Are You Like Many of the Women that our Pregnancy & Postpartum Rehabilitation Specialist PTs have helped?  In addition to helping women prevent pelvic floor injury during childbirth, we also help them prepare for a successful VBAC. Here’s one former patients happy email to us:

I had a successful VBAC!!! Thank you for all of your help the past few months. Truly such a joy and has made my pregnancy so much more comfortable.  I will see you postpartum because I definitely need some help!

Did you know that your greatest risk for pelvic floor injury during childbirth occurs with your first pregnancy?

Many women first come to us following a traumatic birth that injured their pelvic floor, bladder, pubic bones or abdomen.  We help them through their postpartum recovery. These women find their strength again, yet it takes time and discipline and courage.   They express regret that they didn’t do Pregnancy Pelvic PT the first time they were pregnant.   Often they decide to go forth and have more children and they continue care with us through their pregnancy and find themselves on the other side of a birth that did not involve pelvic floor injury.   Many, many of these women tell us a similar story:

We often meet women after they have had pelvic floor injury during childbirth, when they first seek care for postpartum rehabilitation.  Women tell us they were woefully unprepared for their first labor and birth. A lot of them had hip, pelvic or back pain during pregnancy.   Some of them felt great during pregnancy.   Many of these women told us that to prepare for their first birth, they just “winged” it.   They might have read a book. Maybe they went to a chiropractor.   They might have talked to their doctor about their “birth plan”, but other than that they had no preparation for how to birth their baby.   They did not care for their pelvic floor.  They did not do perineal massage.  They were not aware of which positions are better for them to be in when they push their baby out.  They did not know about pregnancy PT, or if they did, they did not think they needed it.  Or maybe they thought it could be a good idea, but they just never took action to do pregnancy physical therapy.   Then they had their baby and suffered pelvic floor injury and experienced ongoing issues after their baby was born. They often tell us their birth was traumatizing.
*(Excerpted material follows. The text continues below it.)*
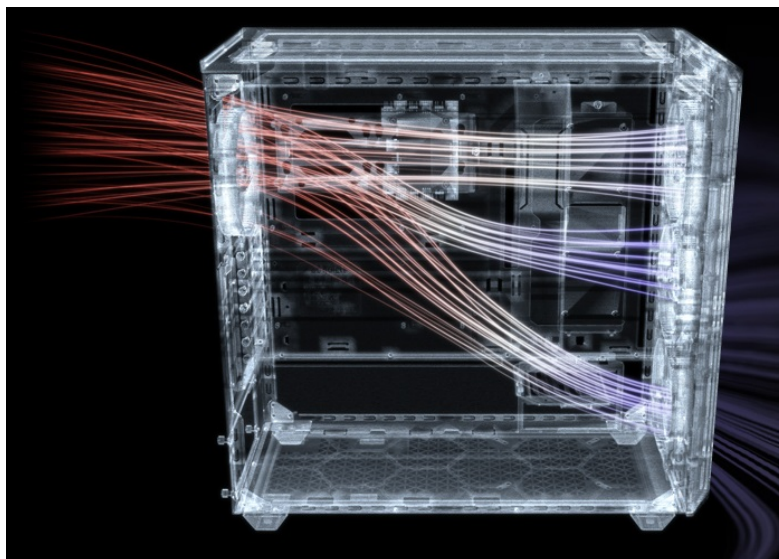

#### Be quiet! SHADOW BASE 800FX - PC skříň s podsvícenými ventilátory

PC skříň **Be quiet! SHADOW BASE 800FX** v provedení **Middle Tower** se vyznačuje optimalizovaným prouděním vzduchu a **ARGB osvětlením** pro stylový vzhled. Přináší dostatek prostoru i pro objemné komponenty v podobě grafických karet, výměníků nebo základních desek. **Ventilátory Light Wings** disponují ARGB osvětlením a tvoří působivou světelnou kombinaci. Kromě toho tyto ventilátory zajišťují **vysoký průtok vzduchu a chladicí výkon**.

Designové lopatky snižují turbulence a tím také celkovou hladinu hluku. Vnější konstrukce skříně podporuje mimořádnou **prodyšnost** a podpoří maximální výkon i těch nejnáročnějších konfigurací. Pro ještě lepší performanci nabízí skříně Be quiet! SHADOW BASE 800FX **prachový filtr**, který lze snadno vyjmout a vyčistit. Díky **velkorysému prostoru** vám umožní poskládat opravdu špičkovou konfiguraci. **Prakticky umístěné lišty pro vedení kabelů** zajistí přehledné uspořádání uvnitř skříně. Samozřejmostí je přítomnost nejdůležitějších konektorů na horním panelu.

### Be quiet! SHADOW BASE 800FX

Skříně v provedení Middle Tower s průhlednou bočnicí a předním **ARGB podsvícením** nabízí **dvě 3,5"** pozice pro pevné disky a **čtyři 2,5"** pozice pro SSD disky. Na horním panelu naleznete dva porty **USB 3.0**, jeden port **USB-C** a dále také konektory pro sluchátka a mikrofon. Skříně je osazena **čtyřmi ARGB ventilátory o velikosti 140 mm**, a to v přední a zadní části, přesně tak, aby zaručily nejlepší průchod vzduchu. Ve skříně je dostatek prostoru pro chladič CPU do výšky až 180 mm a grafickou kartu o délce až 430 mm. Důmyslné řešení umožňuje pohodlné umístění **až 420 mm dlouhého výměníku** vodního chlazení na přední a vrchní straně. Potěší taktéž lišta pro lepší organizaci kabelů, dvojice prachových filtrů či integrovaný PWM/ARGB rozbočovač. Skříně je dodávána **bez zdroje**.

If you are pregnant, please put your birth preparation and body preparation highest on your priority list, so you can reduce your risk of pelvic floor injury.

Our holistic approach, guided in years of experience and with trauma-informed methods provides you a safe place to prepare for birth.  To learn more about working with our PTs, reach out to (616) 516-4334 or contact us here.   We are located in Grand Rapids, Michigan.  We love this work and consider it a privilege to help you.

Please know that if you are reading this and you already sustained a birth injury, we are here for you!  Our clinic was founded on a mission to reduce birth injury and also to support women through postpartum rehabilitation.  This means that our specialist postpartum PTs have experience in treating the most catastrophic birth injuries that women experience, including OASI injuries, severe bladder injuries, severe pelvic organ prolapse, Hip injuries, nerve injuries and perineal tearing with pelvic floor muscle injury.   We know you are suffereing and you need and deserve the care we offer.  We have helped countless women just like you. We offer you hope and a path to restoration and healing.  To learn more about working with us for postpartum rehabilitation, call us at (616) 516-4334 to speak with a knowledgable team member or ask us a question here and we will be in touch.  These women often find us themselves online or have heard of us from their friends or recommendations on various social media pages.   Rest assured, we know how to help you.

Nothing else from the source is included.